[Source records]
● ● ● ● ● ● ●
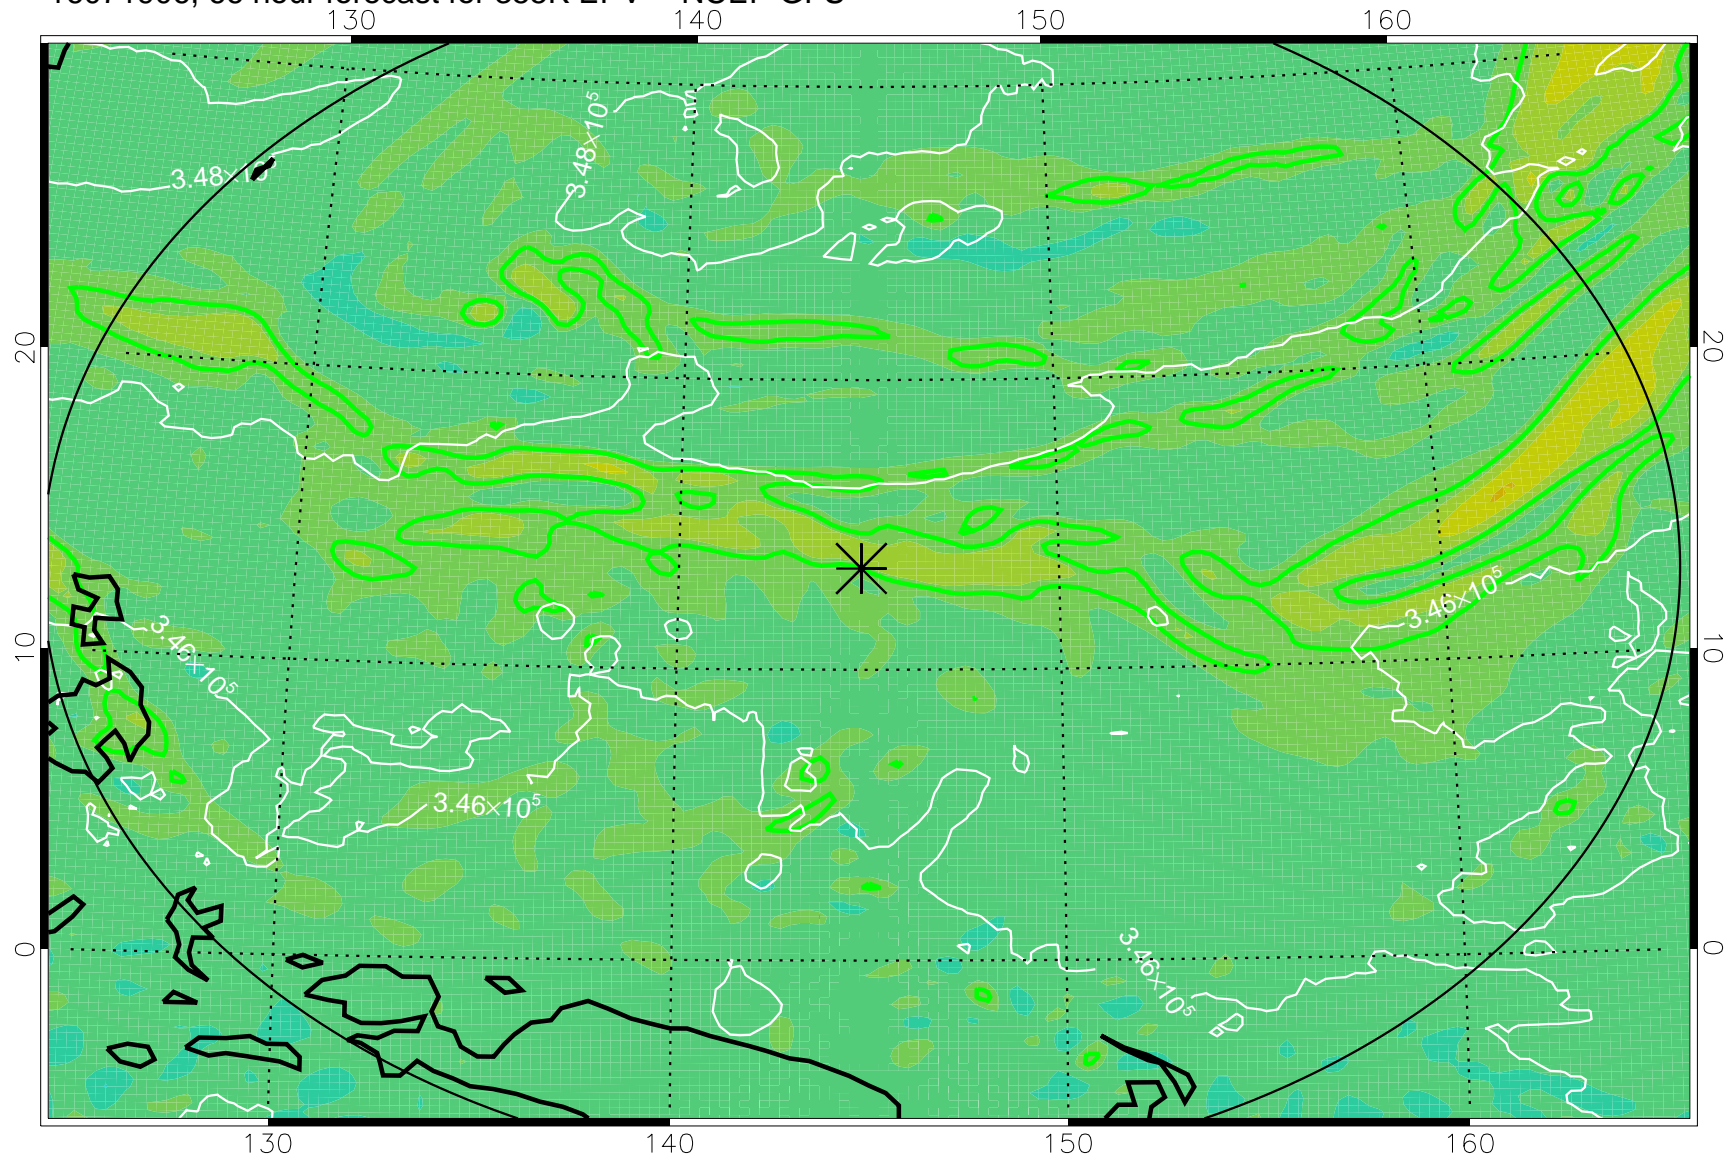

16071818, 54 hour forecast for 355K EPV -- NCEP GFS

355K Montgomery Streamfunction, white
EPV Tropopause (2 PVU) Position
Range ring of 2304 km

16071900, 60 hour forecast for 355K EPV -- NCEP GFS

355K Montgomery Streamfunction, white
EPV Tropopause (2 PVU) Position
Range ring of 2304 km

16071906, 66 hour forecast for 355K EPV -- NCEP GFS

355K Montgomery Streamfunction, white
EPV Tropopause (2 PVU) Position
Range ring of 2304 km

16071912, 72 hour forecast for 355K EPV -- NCEP GFS

355K Montgomery Streamfunction, white
EPV Tropopause (2 PVU) Position
Range ring of 2304 km

16071918, 78 hour forecast for 355K EPV -- NCEP GFS

355K Montgomery Streamfunction, white
EPV Tropopause (2 PVU) Position
Range ring of 2304 km

16072000, 84 hour forecast for 355K EPV -- NCEP GFS

355K Montgomery Streamfunction, white
EPV Tropopause (2 PVU) Position
Range ring of 2304 km

16072018, 102 hour forecast for 355K EPV -- NCEP GFS

355K Montgomery Streamfunction, white
EPV Tropopause (2 PVU) Position
Range ring of 2304 km

16072100, 108 hour forecast for 355K EPV -- NCEP GFS

355K Montgomery Streamfunction, white
EPV Tropopause (2 PVU) Position
Range ring of 2304 km
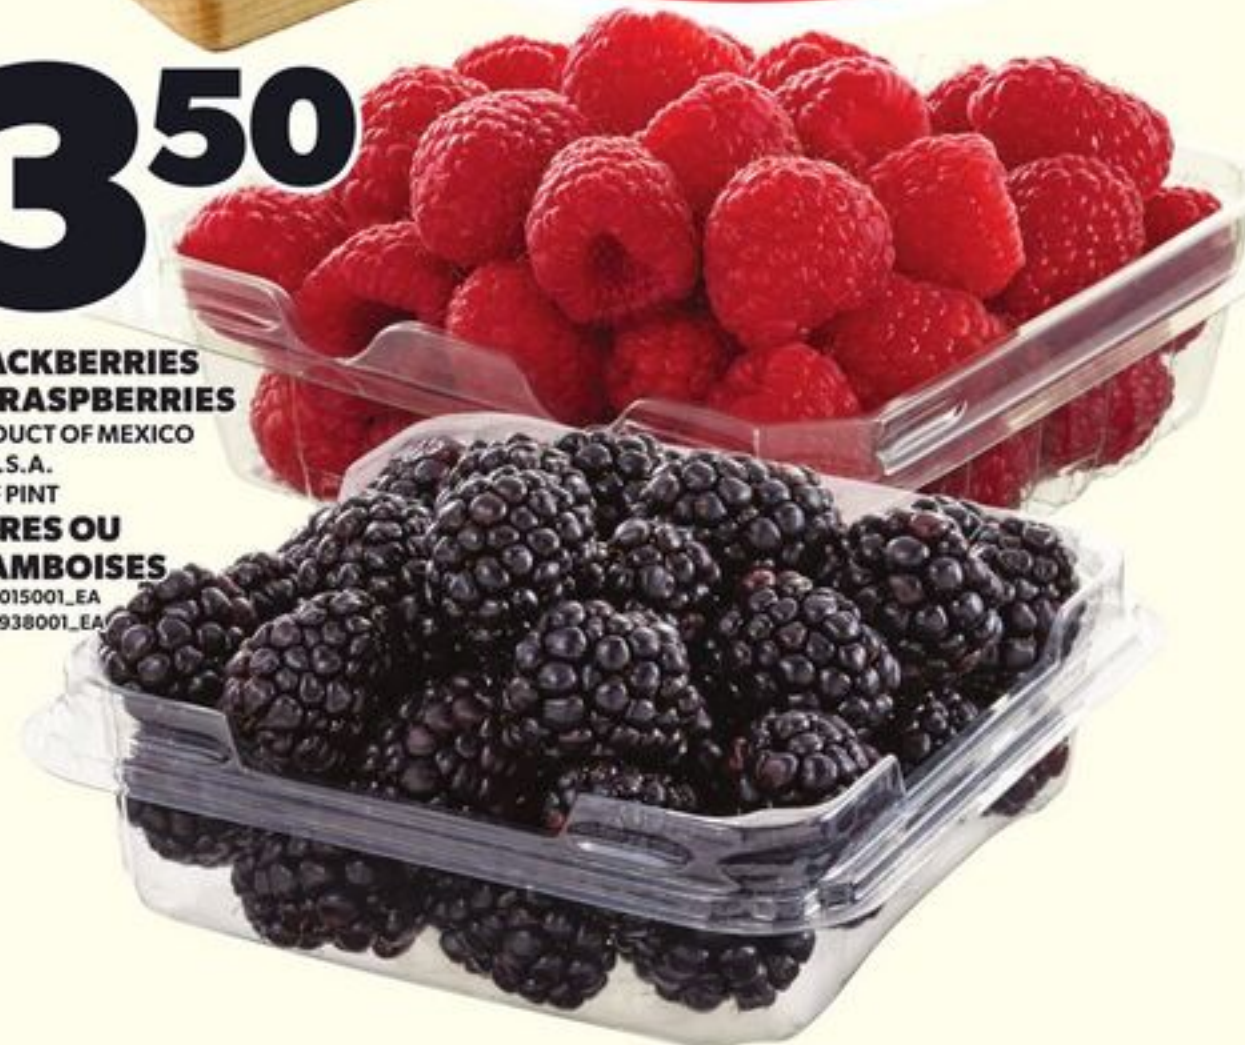

PROUDLY CANADIAN OWNED & OPERATED

Independent
Your Independent Grocer

SAVE 36%

3.49
LB

PORK SIDE RIB PORTION
7.69/KG
PORTION DE CÔTES DE FLANC DE PORC
20836871.KG

SAVE 36%

5.99
LB

CHICKEN THIGHS
BONELESS, SKINLESS
FAMILY SIZE
13.21/KG
HAUTS DE CUISSE DE POULET
20162170.KG

$8

PC® PACIFIC LARGE WHITE SHRIMP RAW OR COOKED PEELLED OR RAW ZIPPERBACK® 31-40 PER LB 400 G OR **MARINA DEL REY WILD ARGENTINIAN SHRIMP** RAW, PEELLED 20/40 PER LB OR EASY PEEL 20/30 PER LB 300 G FROZEN
GROSSES CREVETTES BLANCHES DU PACIFIQUE PC® OU CREVETTES SAUVAGES D'ARGENTINE MARINE DEL REY
20789931_EA
20907159_EA

3.50

BLACKBERRIES OR RASPBERRIES
PRODUCT OF MEXICO OR U.S.A.
HALF PINT
MÛRES OU FRAMBOISES
20051015001_EA
20128938001_EA
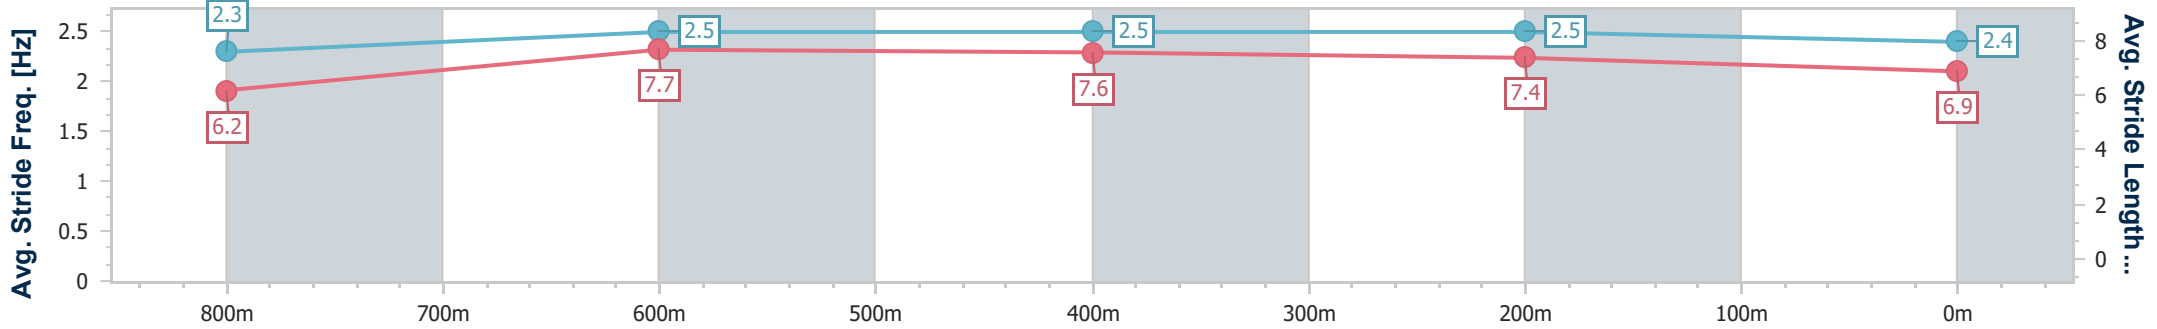

Eagle Farm QLD Professional
Race 9: STRADBROKE SEASON BOOK NOW Class 6 Plate - 1000m

15 February 2025 - 17:11

BRISBANE RACING CLUB

Track Rating: Soft 6, Weather: Overcast, Rail Position: +0.5m Entire

Section	Overall	800m	600m	400m	200m
Section Times	0:57.84 [3] (0:14.07)	0:43.77 [10] (0:10.63)	0:33.14 [11] (0:10.57)	0:22.57 [9] (0:10.69)	0:11.88 [7] (0:11.88)
Average Speed [km/h]	51.6	68.3	68.9	67.1	60.8
Top Speed [km/h]	69.2	69.2	70.4	68.3	65.3
Avg. Dist. to Rail [m]	7.7	1.7	2.2	9.1	9.6
Avg. Stride Freq. [Hz]	2.3	2.5	2.5	2.5	2.4
Avg. Stride Length [m]	6.2	7.7	7.6	7.4	6.9
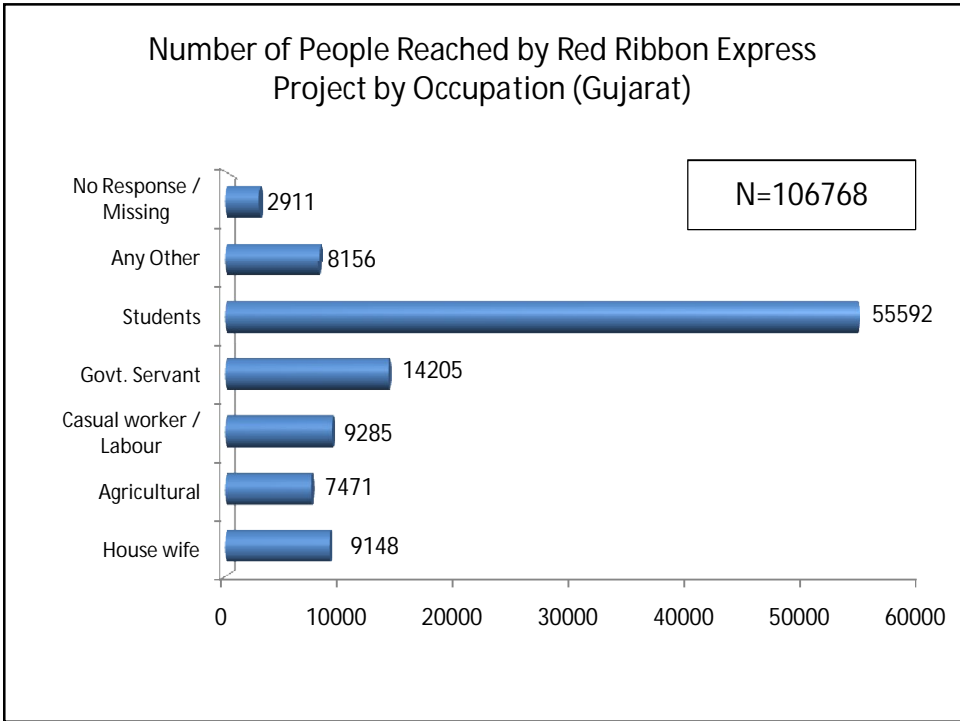

### Journey of Red Ribbon Express in Gujarat (Dec'09-Jan'10)

- 
- 6 Stations
  - 4 Districts
  - 13 Days
  - 4.27 lakhs people were reached through the RRE Campaign including 1.20 lakh people directly reached through Red Ribbon Express
  - Outreach Coverage through Bus - Bike Carvan and Road Shows 1.36 lakh
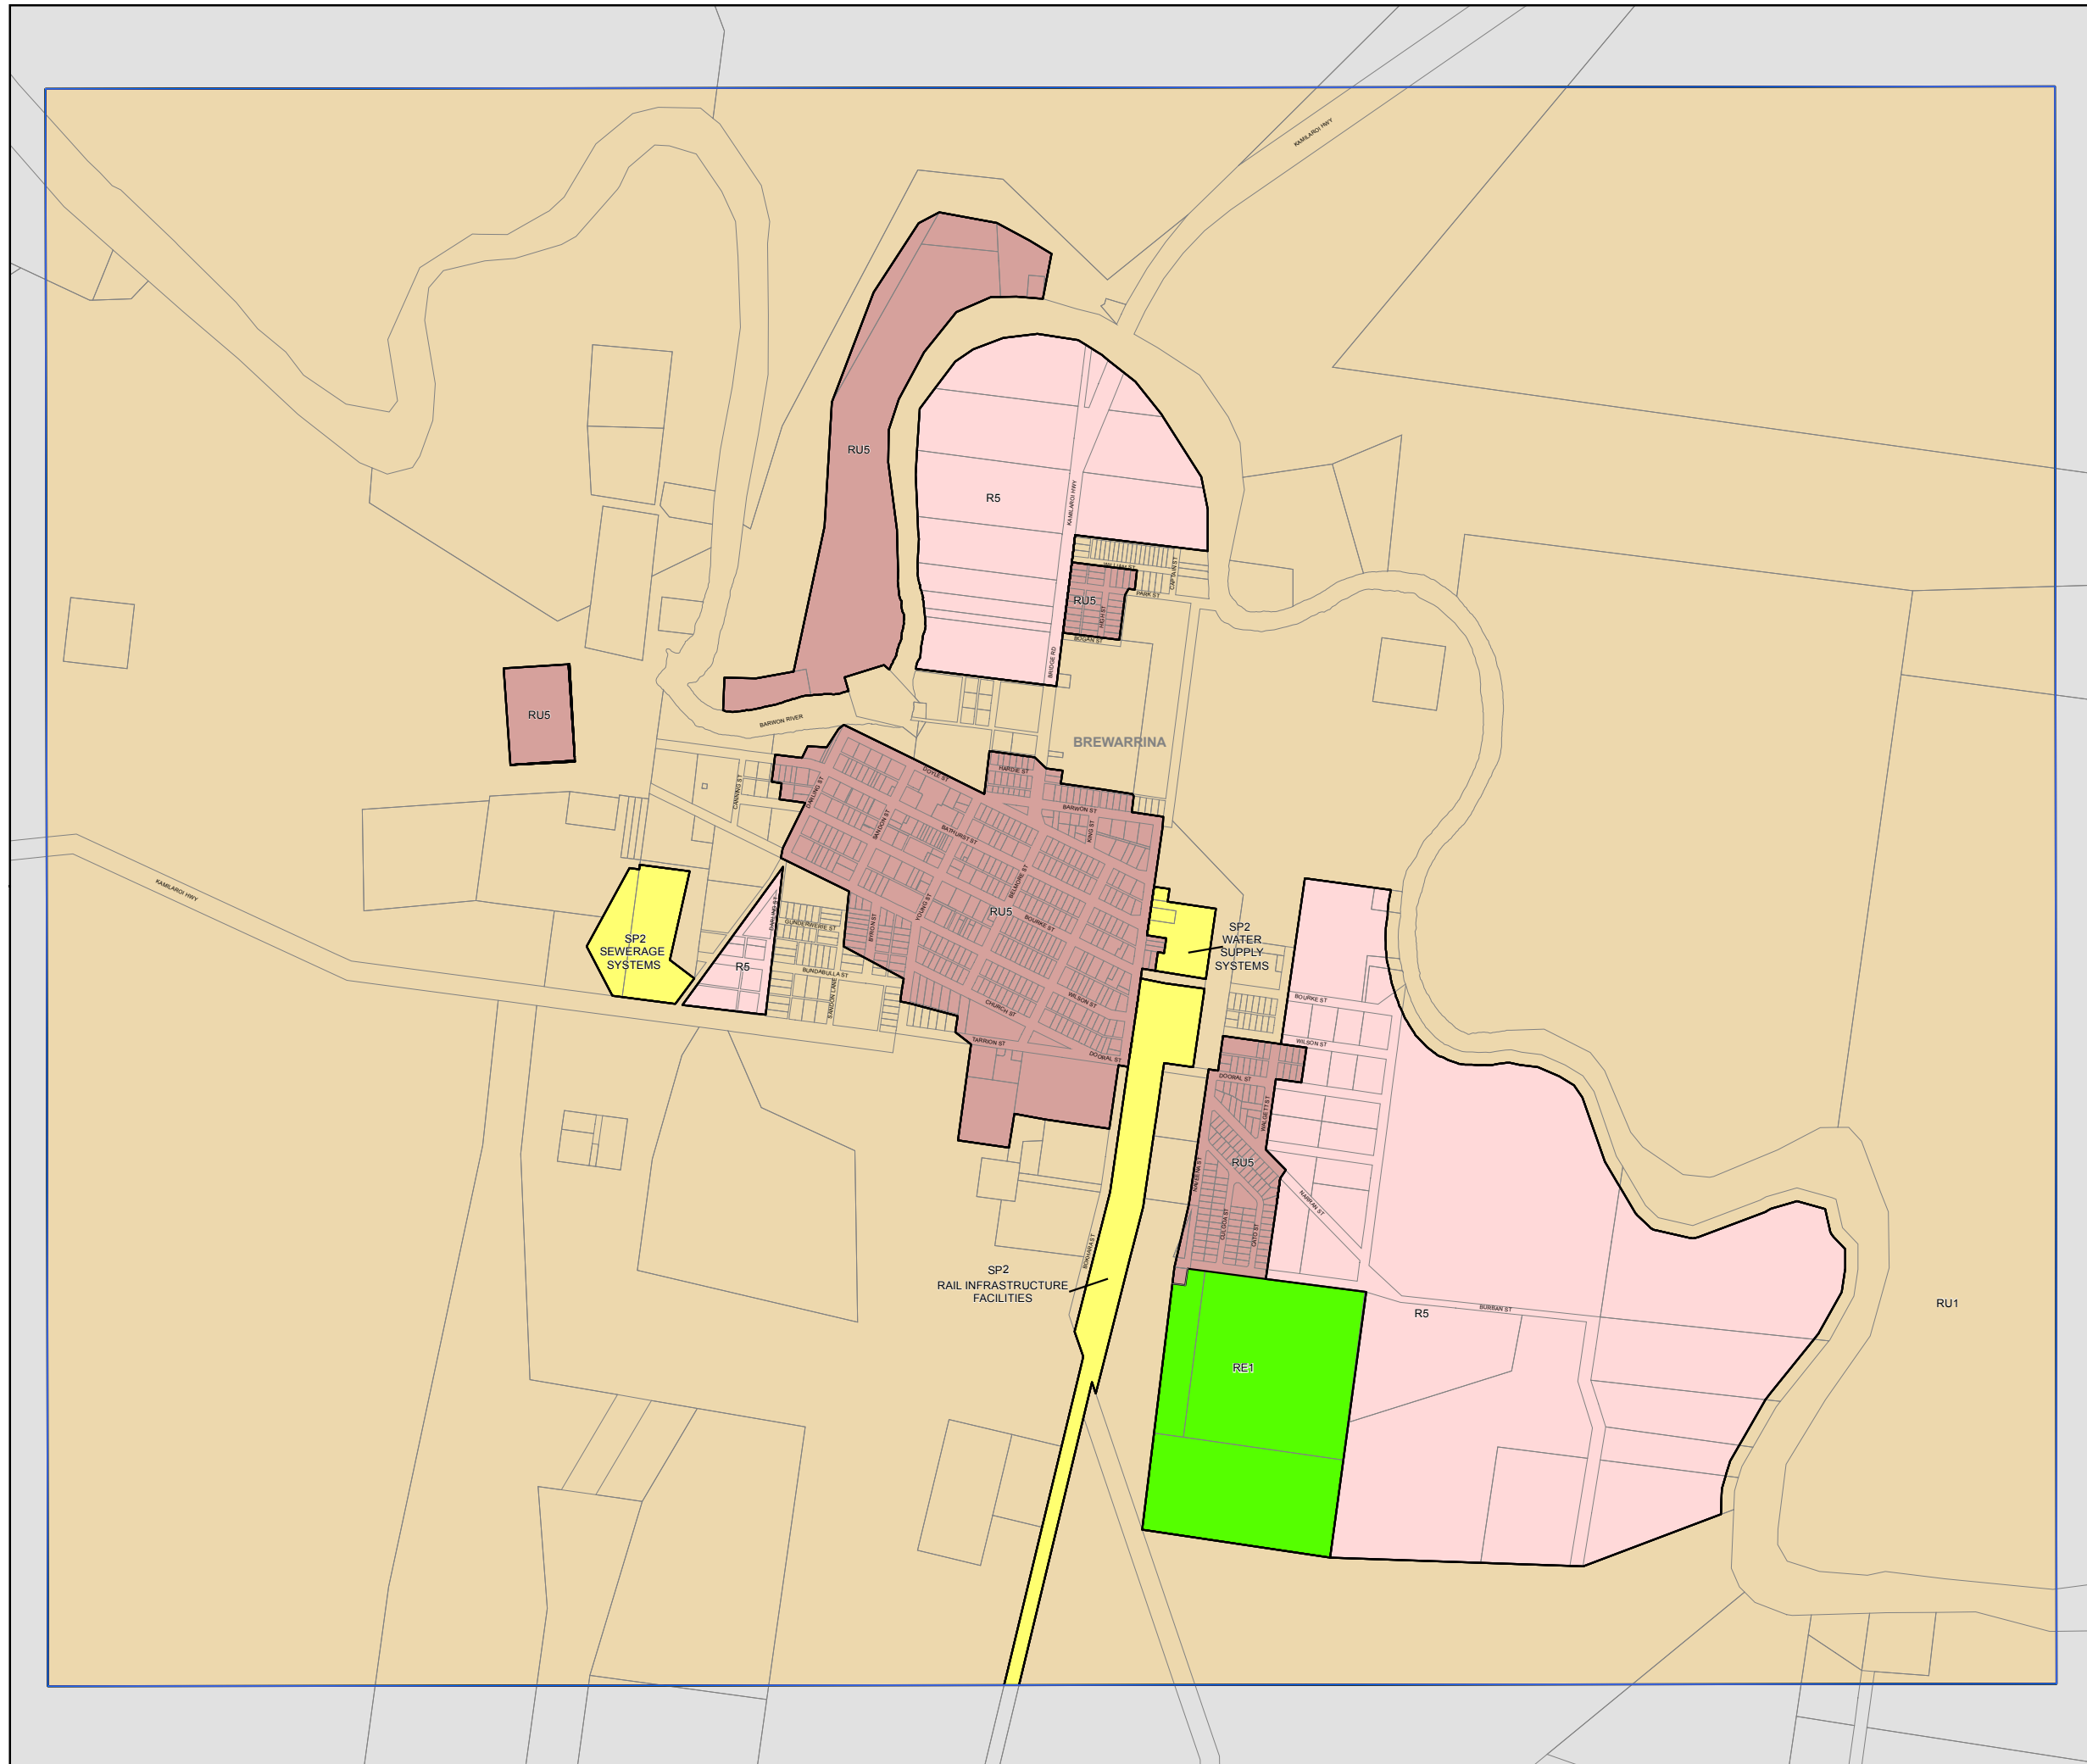

Brewarrina Local Environmental Plan 2012

Land Zoning Map - Sheet LZN_002A

Zone

- E1 National Parks and Nature Reserves
- R5 Large Lot Residential
- RE1 Public Recreation
- RU1 Primary Production
- RU5 Village
- SP2 Infrastructure

Cadastre

- Cadastre 01/06/11 © Land and Property Information

Projection: GDA 1994
MGA Zone 55
Map identification number: 1200_COM_LZN_002A_020_20160815
● ● ● ● ● ● ●
Problem to solve: Both the first line of the records above and the line containing "PORTION DE CÔTES DE FLANC DE PORC" belong in the copy; please return them and every line between, exactly, minus the pictures.

Answer for this exercise:
16071818, 54 hour forecast for 355K EPV -- NCEP GFS

355K Montgomery Streamfunction, white
EPV Tropopause (2 PVU) Position
Range ring of 2304 km

16071900, 60 hour forecast for 355K EPV -- NCEP GFS

355K Montgomery Streamfunction, white
EPV Tropopause (2 PVU) Position
Range ring of 2304 km

16071906, 66 hour forecast for 355K EPV -- NCEP GFS

355K Montgomery Streamfunction, white
EPV Tropopause (2 PVU) Position
Range ring of 2304 km

16071912, 72 hour forecast for 355K EPV -- NCEP GFS

355K Montgomery Streamfunction, white
EPV Tropopause (2 PVU) Position
Range ring of 2304 km

16071918, 78 hour forecast for 355K EPV -- NCEP GFS

355K Montgomery Streamfunction, white
EPV Tropopause (2 PVU) Position
Range ring of 2304 km

16072000, 84 hour forecast for 355K EPV -- NCEP GFS

355K Montgomery Streamfunction, white
EPV Tropopause (2 PVU) Position
Range ring of 2304 km

16072018, 102 hour forecast for 355K EPV -- NCEP GFS

355K Montgomery Streamfunction, white
EPV Tropopause (2 PVU) Position
Range ring of 2304 km

16072100, 108 hour forecast for 355K EPV -- NCEP GFS

355K Montgomery Streamfunction, white
EPV Tropopause (2 PVU) Position
Range ring of 2304 km

PROUDLY CANADIAN OWNED & OPERATED

Independent
Your Independent Grocer

SAVE 36%

3.49
LB

PORK SIDE RIB PORTION
7.69/KG
PORTION DE CÔTES DE FLANC DE PORC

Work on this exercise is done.